Directions
A line belongs in the answer if it contains "wood"; copy every such line from the entries below.
%%
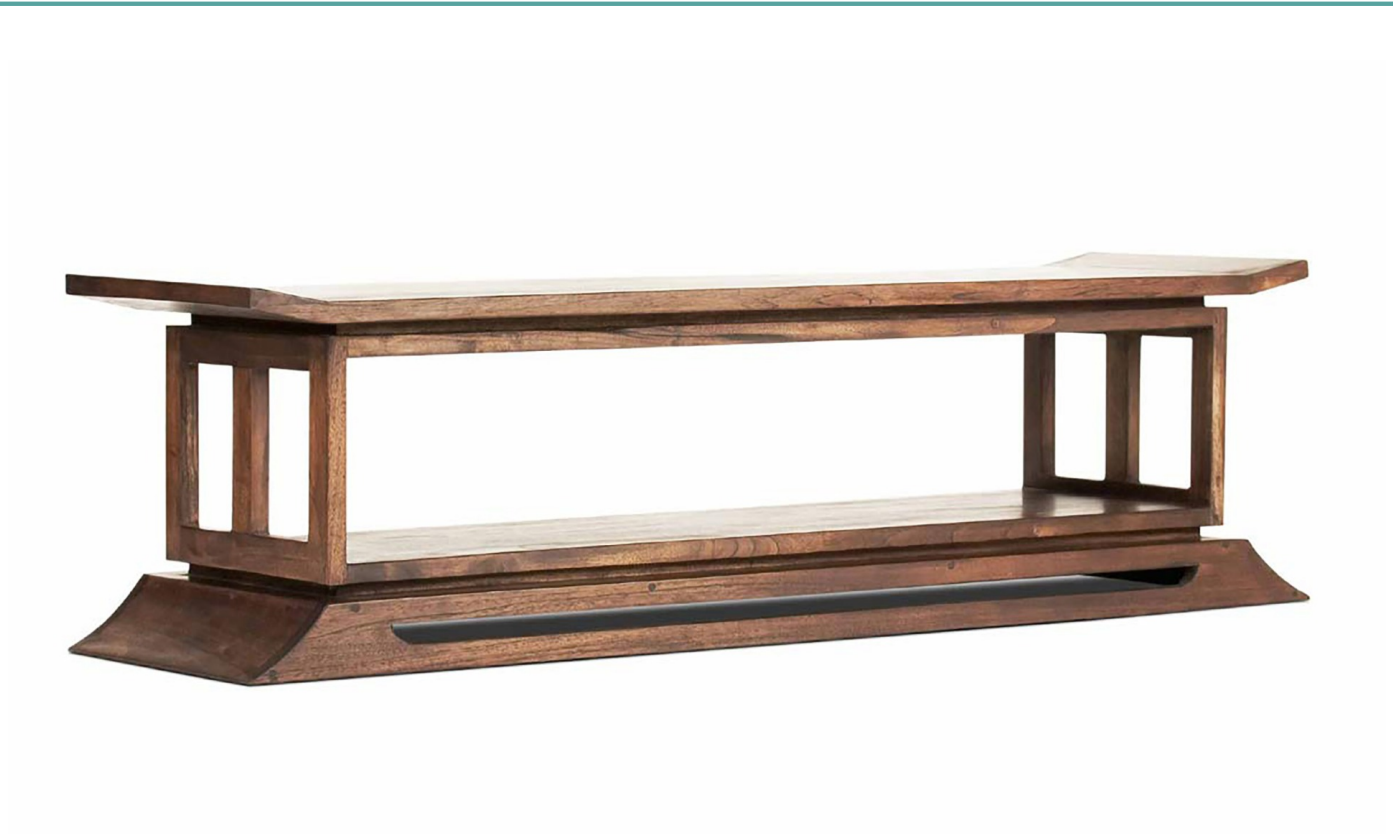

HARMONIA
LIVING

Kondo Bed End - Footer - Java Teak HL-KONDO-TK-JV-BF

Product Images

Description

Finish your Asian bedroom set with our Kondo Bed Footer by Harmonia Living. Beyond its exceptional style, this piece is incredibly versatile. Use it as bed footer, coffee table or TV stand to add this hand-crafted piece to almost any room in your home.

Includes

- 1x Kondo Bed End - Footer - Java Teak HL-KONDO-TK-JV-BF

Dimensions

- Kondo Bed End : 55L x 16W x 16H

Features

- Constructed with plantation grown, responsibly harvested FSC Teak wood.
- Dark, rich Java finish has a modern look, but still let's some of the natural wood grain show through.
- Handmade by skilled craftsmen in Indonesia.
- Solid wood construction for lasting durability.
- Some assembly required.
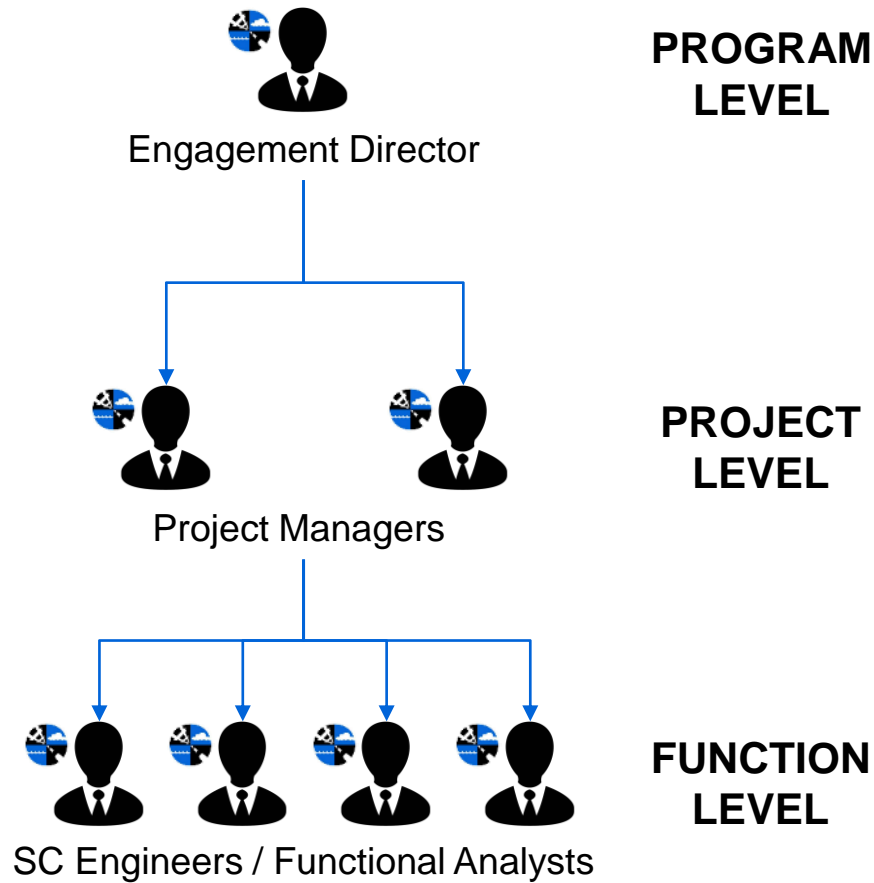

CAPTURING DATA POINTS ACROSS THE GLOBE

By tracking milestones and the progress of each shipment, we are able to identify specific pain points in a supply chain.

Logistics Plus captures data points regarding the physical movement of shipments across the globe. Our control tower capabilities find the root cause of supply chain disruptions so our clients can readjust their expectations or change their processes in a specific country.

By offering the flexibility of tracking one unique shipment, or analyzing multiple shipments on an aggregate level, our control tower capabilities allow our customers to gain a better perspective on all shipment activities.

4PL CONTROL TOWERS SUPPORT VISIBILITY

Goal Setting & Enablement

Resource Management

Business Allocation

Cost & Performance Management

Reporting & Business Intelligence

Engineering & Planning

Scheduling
%%
%%
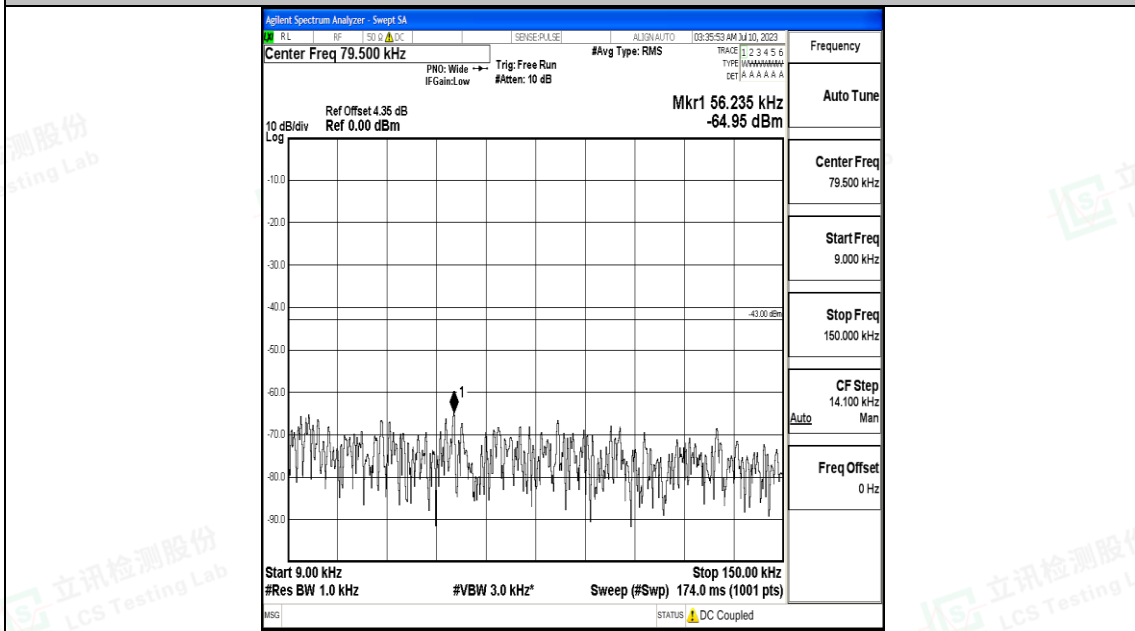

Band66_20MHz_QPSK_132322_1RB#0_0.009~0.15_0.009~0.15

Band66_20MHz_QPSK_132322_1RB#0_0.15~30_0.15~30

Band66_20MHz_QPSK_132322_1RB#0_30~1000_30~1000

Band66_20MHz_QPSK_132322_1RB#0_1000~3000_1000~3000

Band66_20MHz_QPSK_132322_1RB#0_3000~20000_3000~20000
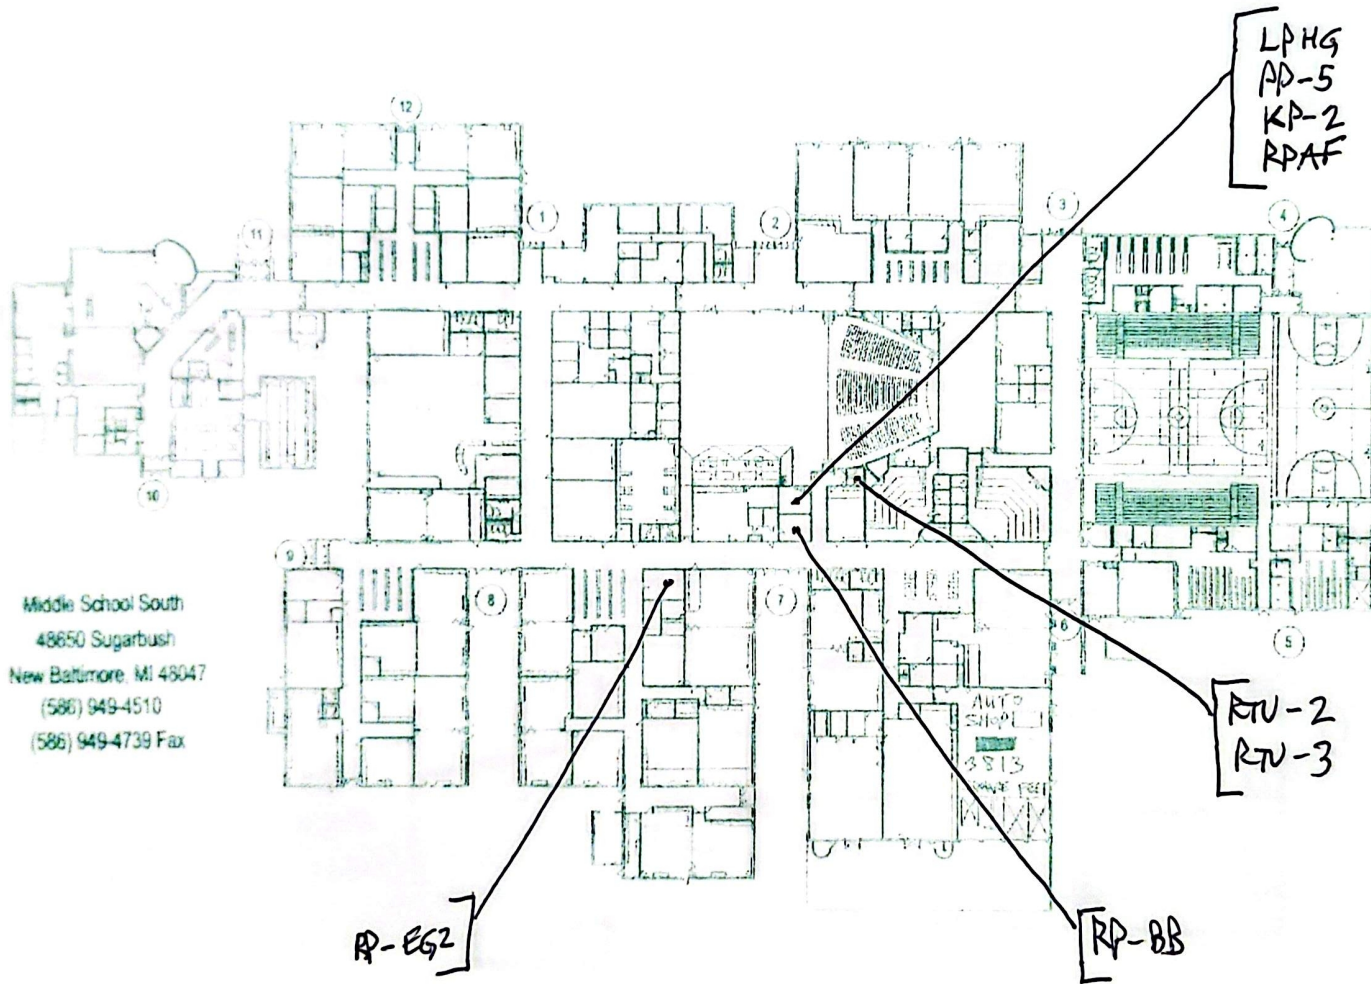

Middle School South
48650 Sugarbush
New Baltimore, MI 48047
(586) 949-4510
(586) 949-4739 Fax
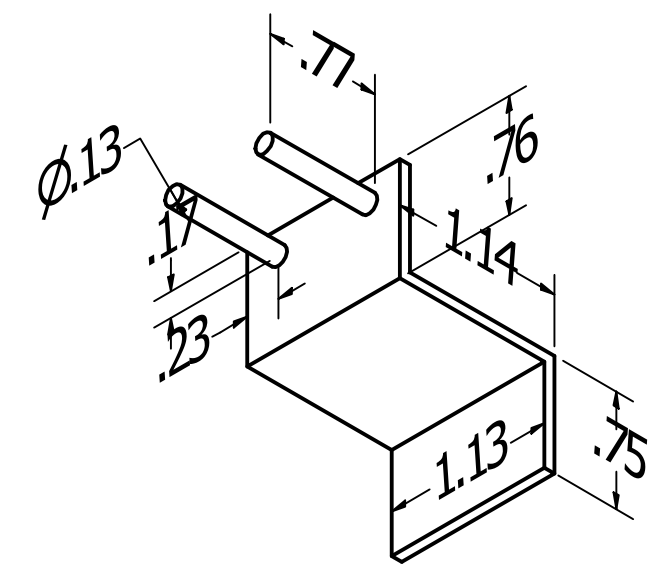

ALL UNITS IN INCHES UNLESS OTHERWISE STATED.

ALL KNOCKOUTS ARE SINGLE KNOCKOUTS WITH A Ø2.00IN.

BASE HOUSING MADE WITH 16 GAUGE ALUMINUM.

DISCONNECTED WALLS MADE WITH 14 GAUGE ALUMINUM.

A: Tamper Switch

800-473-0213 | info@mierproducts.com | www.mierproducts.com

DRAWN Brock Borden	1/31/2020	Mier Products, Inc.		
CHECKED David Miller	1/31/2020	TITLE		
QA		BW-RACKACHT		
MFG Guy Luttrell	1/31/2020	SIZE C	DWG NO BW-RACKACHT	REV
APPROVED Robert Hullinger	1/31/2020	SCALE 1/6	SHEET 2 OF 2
%%
%%
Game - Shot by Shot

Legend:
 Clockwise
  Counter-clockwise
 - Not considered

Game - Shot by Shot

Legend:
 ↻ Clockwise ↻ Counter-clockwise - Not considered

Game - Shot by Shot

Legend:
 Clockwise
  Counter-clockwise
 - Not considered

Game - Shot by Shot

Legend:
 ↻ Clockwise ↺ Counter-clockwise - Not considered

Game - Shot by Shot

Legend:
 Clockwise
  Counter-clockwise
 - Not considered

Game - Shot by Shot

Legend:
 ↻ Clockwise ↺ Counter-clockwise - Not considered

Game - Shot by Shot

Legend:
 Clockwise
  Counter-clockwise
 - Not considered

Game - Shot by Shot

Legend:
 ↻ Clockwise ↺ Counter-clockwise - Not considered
%%
Output for this exercise
- Constructed with plantation grown, responsibly harvested FSC Teak wood.
- Dark, rich Java finish has a modern look, but still let's some of the natural wood grain show through.
- Solid wood construction for lasting durability.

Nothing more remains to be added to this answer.